Il y a un film avec lequel A plein temps entretient un certain dialogue, c’est En guerre (Stéphane Brizé, 2018). Le montage heurté, la tension qui ne cesse de monter ou encore l’intention de disséquer les rapports humains dans un cadre professionnel sont autant de traits communs aux deux films. Il y est aussi question de grèves, mais des deux côtés opposés du piquet – subie dans un cas, voulue dans l’autre.
Et puis il y a cette scène, vers la fin du film, qui pourrait être un faux ricochet au final de En guerre. Le personnage interprété par Lindon s’y immolait sur son lieu de travail afin de faire basculer le mouvement social (et le film) dans la tragédie – ce qui a pour conséquence d’augmenter les primes de départ de ses collègues. Dans A plein temps, Julie (interprétée par Laure Calamy) se trouve sur le quai de la gare avec ses deux enfants.

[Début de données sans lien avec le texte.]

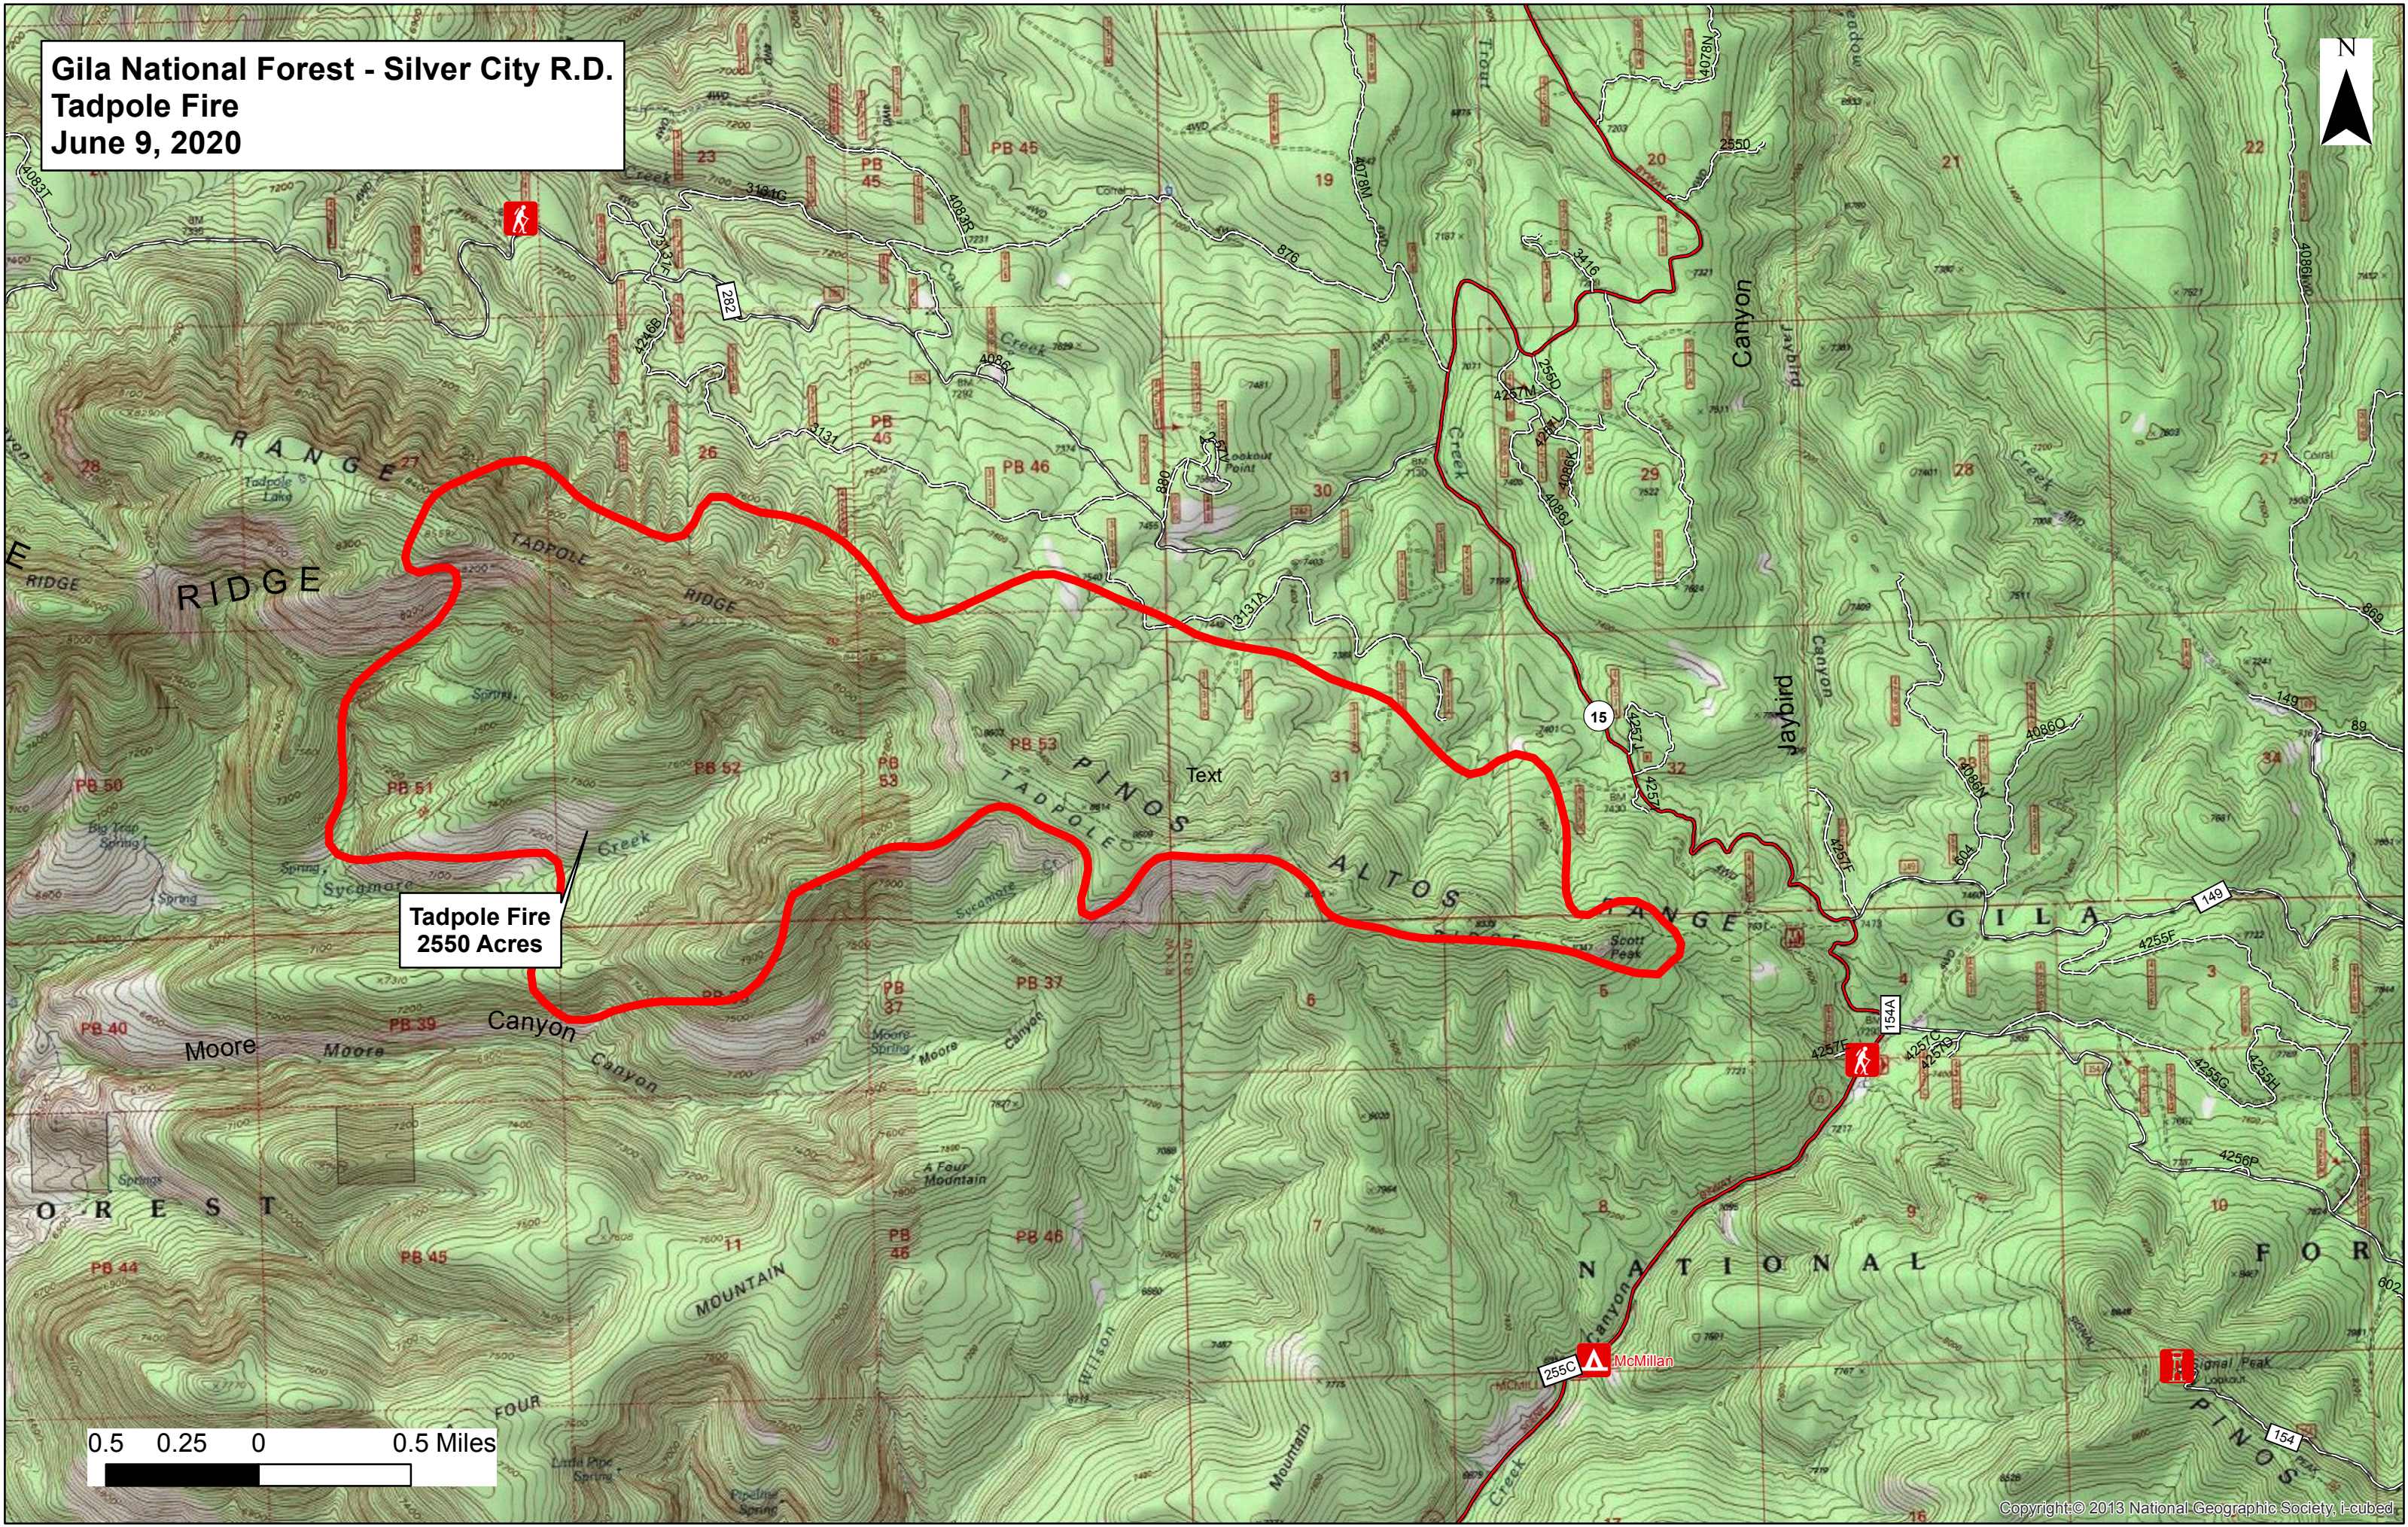

Gila National Forest - Silver City R.D.  
Tadpole Fire  
June 9, 2020

Tadpole Fire  
2550 Acres

Elle vient de perdre son travail, ce qui semble la dévaster. La caméra s’attarde sur elle, visage baissé, pensive. Une voix off annonce l’arrivée en gare d’un train. Prière est faite de s’éloigner du quai. Julie ne bouge pas tandis qu’on entend le train hurler au loin. On pense alors à l’issue fatale du film de Brizé – l’altruisme en moins. Mais non. Julie ne commet pas l’irréparable, et c’est une tout autre issue qui l’attend.
La porte de sortie
(une offre d’emploi)
proposée par Gravel à son personnage est intéressante : elle révèle toute la complexité de Julie.
Car, pour celle-ci, le fait de retrouver un emploi n’est certainement pas le vrai moyen de trouver une issue favorable à sa situation. Ou en tout cas, ce n’est pas cette solution – dans sa simplicité apparente – qui a été retenue par le cinéaste. Si cela avait été le cas, Julie aurait trouvé un nouveau travail près de chez elle.
Or, et c’est une nuance importante, c’est un travail de la même nature que le précédent qui lui est « offert » : sur Paris, loin de chez elle, avec des responsabilités, des journées à rallonge... Pour le spectateur ayant partagé une heure durant le quotidien asphyxiant de cette mère célibataire, ce n’est franchement pas le signe d’une amélioration de la situation (ne sont pas résolus les problèmes de garde, de transport, de grèves…). Mais pour le personnage interprété par Laure Calamy, c’est une tout autre histoire…
Quand celle-ci apprend qu’elle a été engagée, elle pleure. Des larmes de joie ? Il y a tout lieu de le croire. Car Julie a fait preuve de bien peu d’entrain lorsqu’il a fallu postuler pour un emploi de caissière près de chez elle. La vie de famille ne lui sied pas beaucoup non plus. Même si elle fait tout ce qu’il faut (tout ce qu’elle peut) pour ses enfants, on la voit peu enchantée par la perspective de rester chez elle sans travailler. Et puis il y a ce « J’suis quand même mieux chef d’équipe dans mon palace » lancé à la nounou des enfants quand celle-ci lui suggère de se faire recruter dans le supermarché du coin.
Ainsi Julie, malgré des contraintes insupportables, n’est pas prête à accepter n’importe quoi. Elle aspire à un poste à hauteur de ses diplômes, sous n’importe quelles conditions – et sur Paris qui plus est. Son quotidien effréné, c’est le mode de (sur)vie qu’elle s’est choisi. C’est peut-être aussi son addiction.
Gravel choisit donc un final bien plus politique qu’il n’y paraît. Pour son personnage, la solution de sortie de crise est moins l’intention de montrer le travail comme simple moyen de subsistance que la volonté de le révéler dans toutes ses potentialités de nuisance et d’aliénation – en tout cas dans la forme décrite tout du long : un marché de l’emploi ultra-libéral et archi-concurrentiel.